Performance is pretty fast when dropping a table- even a very large one. So here is what I would do. Script out your table complete with indexes from Management Studio. Edit the script and run it to create a copy of your table. Call it table2. Do a select insert to park the data you want to retain into the new table2. Rename the old table, say tableOld. Rename table2 with the original name. Wait. If no one screams at you drop table2. There is some risk. 1) Check if there are triggers or constraints defined on the original table.

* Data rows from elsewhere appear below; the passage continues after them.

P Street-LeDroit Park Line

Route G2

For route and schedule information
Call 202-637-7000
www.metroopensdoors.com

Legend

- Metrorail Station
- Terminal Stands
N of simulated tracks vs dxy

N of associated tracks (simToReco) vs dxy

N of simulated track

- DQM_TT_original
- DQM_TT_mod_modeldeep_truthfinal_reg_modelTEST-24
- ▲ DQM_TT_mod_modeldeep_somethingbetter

They may not get included in the script generated by management studio. 2) if original table has identity fields you may have to turn on identity_insert before inserting into the new table.

BishopOfNairobi
A: 

I came up with the following T-SQL script which gets an arbitrary amount of recent data.

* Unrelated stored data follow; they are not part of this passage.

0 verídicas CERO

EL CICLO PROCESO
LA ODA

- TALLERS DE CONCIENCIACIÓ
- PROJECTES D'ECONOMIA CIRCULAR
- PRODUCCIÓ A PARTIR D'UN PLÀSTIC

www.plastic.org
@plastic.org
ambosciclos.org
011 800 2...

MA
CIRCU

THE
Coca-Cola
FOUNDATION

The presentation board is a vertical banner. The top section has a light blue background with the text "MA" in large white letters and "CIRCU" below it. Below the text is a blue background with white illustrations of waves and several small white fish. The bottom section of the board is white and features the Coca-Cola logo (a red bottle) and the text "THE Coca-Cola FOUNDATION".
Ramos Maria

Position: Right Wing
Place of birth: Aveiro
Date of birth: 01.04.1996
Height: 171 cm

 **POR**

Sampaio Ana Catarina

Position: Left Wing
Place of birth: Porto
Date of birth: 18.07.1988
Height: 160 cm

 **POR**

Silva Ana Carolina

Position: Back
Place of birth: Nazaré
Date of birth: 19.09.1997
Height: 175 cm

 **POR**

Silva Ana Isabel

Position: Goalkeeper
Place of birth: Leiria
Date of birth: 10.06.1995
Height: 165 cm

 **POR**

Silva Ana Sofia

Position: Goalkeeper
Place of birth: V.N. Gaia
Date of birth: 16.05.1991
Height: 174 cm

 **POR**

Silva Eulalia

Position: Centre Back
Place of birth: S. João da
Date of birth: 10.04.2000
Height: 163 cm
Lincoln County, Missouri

IF EXISTS(SELECT name FROM sys.tables WHERE name = 'tmp_xxx_tblGPSVehicleInfoLog')
BEGIN
    PRINT 'Dropping temp table tmp_xxx_tblGPSVehicleInfoLog'
    DROP TABLE tmp_xxx_tblGPSVehicleInfoLog
END
GO

PRINT 'Creating temp table tmp_xxx_tblGPSVehicleInfoLog'
CREATE TABLE [dbo].[tmp_xxx_tblGPSVehicleInfoLog](
    [GPSVehicleInfoLogId] [uniqueidentifier] NOT NULL,
    [GPSVehicleInfoId] [uniqueidentifier] NULL,
    [Longitude] [float] NULL,
    [Latitude] [float] NULL,
    [GroundSpeed] [float] NULL,
    [Altitude] [float] NULL,
    [Heading] [float] NULL,
    [GPSDeviceTimeStamp] [datetime] NULL,
    [Milliseconds] [float] NULL,
    [DistanceNext] [float] NULL,
    [UpdateDate] [datetime] NULL,
    [Stopped] [nvarchar](1) NULL,
    [StopTime] [datetime] NULL,
    [StartTime] [datetime] NULL,
    [TimeStopped] [nvarchar](100) NULL
) ON [PRIMARY]
GO

PRINT 'Inserting data from tblGPSVehicleInfoLog to tmp_xxx_tblGPSVehicleInfoLog'
SELECT * INTO tmp_xxx_tblGPSVehicleInfoLog 
FROM tblGPSVehicleInfoLog 
WHERE tblGPSVehicleInfoLog.UpdateDate between '03/30/2009 23:59:59' and '05/19/2009  00:00:00'
GO

PRINT 'Truncating table tblGPSVehicleInfoLog'
TRUNCATE TABLE tblGPSVehicleInfoLog
GO

PRINT 'Inserting data from tmp_xxx_tblGPSVehicleInfoLog to tblGPSVehicleInfoLog'
INSERT INTO tblGPSVehicleInfoLog 
SELECT * FROM tmp_xxx_tblGPSVehicleInfoLog 
GO
Ron Skufca
A: 

To keep the transaction log from growing out of control, modify it in the following way:

DECLARE @i INT
SET @i = 1
SET ROWCOUNT 10000

WHILE @i > 0
BEGIN
    BEGIN TRAN
        DELETE TOP 1000 FROM dbo.SuperBigTable
     WHERE RowDate < '2009-01-01'
    COMMIT
    SELECT @i = @@ROWCOUNT
END
SET ROWCOUNT 0

And here is a version using the preferred TOP syntax for SQL 2005 and 2008:

DECLARE @i INT
SET @i = 1

WHILE @i > 0
BEGIN
    BEGIN TRAN
        DELETE TOP 1000 FROM dbo.SuperBigTable
     WHERE RowDate < '2009-01-01'
    COMMIT
    SELECT @i = @@ROWCOUNT
END
BradC